# Given information
╔══
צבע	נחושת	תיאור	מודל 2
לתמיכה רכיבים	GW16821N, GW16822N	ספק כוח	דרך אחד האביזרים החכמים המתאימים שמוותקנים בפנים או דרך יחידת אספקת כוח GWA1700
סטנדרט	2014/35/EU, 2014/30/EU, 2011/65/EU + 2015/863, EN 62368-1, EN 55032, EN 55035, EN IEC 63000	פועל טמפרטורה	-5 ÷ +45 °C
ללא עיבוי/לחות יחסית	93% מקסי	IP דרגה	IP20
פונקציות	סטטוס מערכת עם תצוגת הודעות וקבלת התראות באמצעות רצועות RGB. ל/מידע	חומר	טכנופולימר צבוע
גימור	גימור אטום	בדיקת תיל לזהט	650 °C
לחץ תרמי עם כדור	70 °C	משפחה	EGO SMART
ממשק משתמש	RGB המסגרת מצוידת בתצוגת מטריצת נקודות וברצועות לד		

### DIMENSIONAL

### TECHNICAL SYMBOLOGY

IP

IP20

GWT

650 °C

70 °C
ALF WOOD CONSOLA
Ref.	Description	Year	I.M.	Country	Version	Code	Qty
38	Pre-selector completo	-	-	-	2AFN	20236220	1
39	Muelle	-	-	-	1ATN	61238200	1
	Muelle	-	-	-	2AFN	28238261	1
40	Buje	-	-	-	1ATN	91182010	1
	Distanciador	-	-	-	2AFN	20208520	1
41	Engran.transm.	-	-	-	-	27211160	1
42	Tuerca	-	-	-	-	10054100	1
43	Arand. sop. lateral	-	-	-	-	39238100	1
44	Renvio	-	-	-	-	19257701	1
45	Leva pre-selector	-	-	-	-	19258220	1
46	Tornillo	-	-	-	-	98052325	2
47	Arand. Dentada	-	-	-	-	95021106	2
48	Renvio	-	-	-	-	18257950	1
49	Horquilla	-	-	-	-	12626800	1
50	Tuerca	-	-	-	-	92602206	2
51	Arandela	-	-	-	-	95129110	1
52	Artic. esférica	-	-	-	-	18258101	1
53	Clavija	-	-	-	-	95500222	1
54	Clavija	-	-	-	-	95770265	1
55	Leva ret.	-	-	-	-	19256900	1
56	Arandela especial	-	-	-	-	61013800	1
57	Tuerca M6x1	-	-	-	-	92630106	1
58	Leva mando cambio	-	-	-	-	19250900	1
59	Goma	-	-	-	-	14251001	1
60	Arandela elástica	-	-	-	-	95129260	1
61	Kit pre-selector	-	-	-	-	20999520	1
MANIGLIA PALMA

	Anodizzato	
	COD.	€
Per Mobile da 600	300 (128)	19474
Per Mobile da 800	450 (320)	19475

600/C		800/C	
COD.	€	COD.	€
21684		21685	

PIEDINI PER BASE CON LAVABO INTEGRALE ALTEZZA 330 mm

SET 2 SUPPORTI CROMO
╚══
╔══
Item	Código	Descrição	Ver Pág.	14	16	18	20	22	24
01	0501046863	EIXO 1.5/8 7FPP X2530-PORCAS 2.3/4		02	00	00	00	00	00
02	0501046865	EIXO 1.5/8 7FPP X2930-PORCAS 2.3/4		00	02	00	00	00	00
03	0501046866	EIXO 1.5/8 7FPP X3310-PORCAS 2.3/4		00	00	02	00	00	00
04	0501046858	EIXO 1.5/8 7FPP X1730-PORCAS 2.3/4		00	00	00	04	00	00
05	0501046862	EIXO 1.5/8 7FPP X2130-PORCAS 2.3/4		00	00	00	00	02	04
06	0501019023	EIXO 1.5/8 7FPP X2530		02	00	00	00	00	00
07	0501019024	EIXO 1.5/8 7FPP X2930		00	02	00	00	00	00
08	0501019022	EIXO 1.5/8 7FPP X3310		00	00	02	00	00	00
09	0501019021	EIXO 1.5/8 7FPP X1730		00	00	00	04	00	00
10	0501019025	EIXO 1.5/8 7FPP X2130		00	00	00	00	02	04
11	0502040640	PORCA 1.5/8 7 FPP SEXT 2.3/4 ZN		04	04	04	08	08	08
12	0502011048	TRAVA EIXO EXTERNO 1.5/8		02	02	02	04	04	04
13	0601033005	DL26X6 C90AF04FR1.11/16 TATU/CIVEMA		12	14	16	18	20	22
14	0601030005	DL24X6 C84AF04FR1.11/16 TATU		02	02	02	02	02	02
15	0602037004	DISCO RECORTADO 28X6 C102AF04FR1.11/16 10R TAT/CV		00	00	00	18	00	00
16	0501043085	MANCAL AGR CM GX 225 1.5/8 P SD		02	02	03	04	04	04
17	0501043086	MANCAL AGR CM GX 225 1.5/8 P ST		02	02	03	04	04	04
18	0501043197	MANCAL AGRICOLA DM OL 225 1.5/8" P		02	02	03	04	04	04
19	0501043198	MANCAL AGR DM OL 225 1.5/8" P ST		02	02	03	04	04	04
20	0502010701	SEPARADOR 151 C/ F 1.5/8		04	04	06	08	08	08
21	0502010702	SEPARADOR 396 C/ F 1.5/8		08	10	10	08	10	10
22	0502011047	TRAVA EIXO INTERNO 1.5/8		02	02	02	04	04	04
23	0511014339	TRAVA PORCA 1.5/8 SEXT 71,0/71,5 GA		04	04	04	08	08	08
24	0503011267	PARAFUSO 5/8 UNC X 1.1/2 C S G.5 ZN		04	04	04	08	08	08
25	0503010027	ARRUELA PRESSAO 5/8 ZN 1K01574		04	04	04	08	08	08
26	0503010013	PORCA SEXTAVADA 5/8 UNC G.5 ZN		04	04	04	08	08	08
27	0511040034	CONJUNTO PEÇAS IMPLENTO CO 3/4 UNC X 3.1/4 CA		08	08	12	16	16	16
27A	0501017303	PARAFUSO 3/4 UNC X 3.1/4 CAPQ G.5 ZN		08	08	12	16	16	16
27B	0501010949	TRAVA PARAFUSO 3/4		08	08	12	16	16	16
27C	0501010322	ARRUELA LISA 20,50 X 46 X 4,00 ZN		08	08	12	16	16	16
╚══
╔══
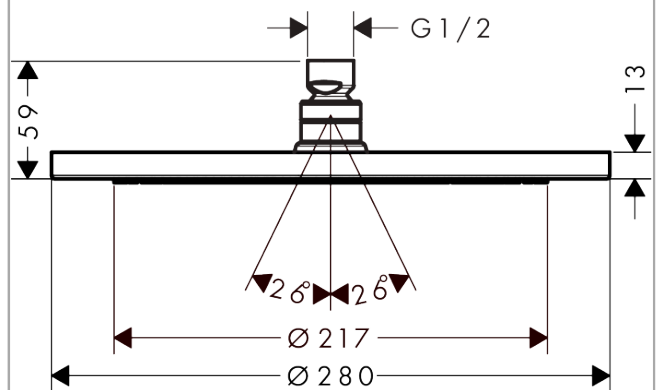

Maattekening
╚══
# Exercise brief
Say how many lines in the data hold the string "ARRUELA", and say nothing else.

# Result for this task
2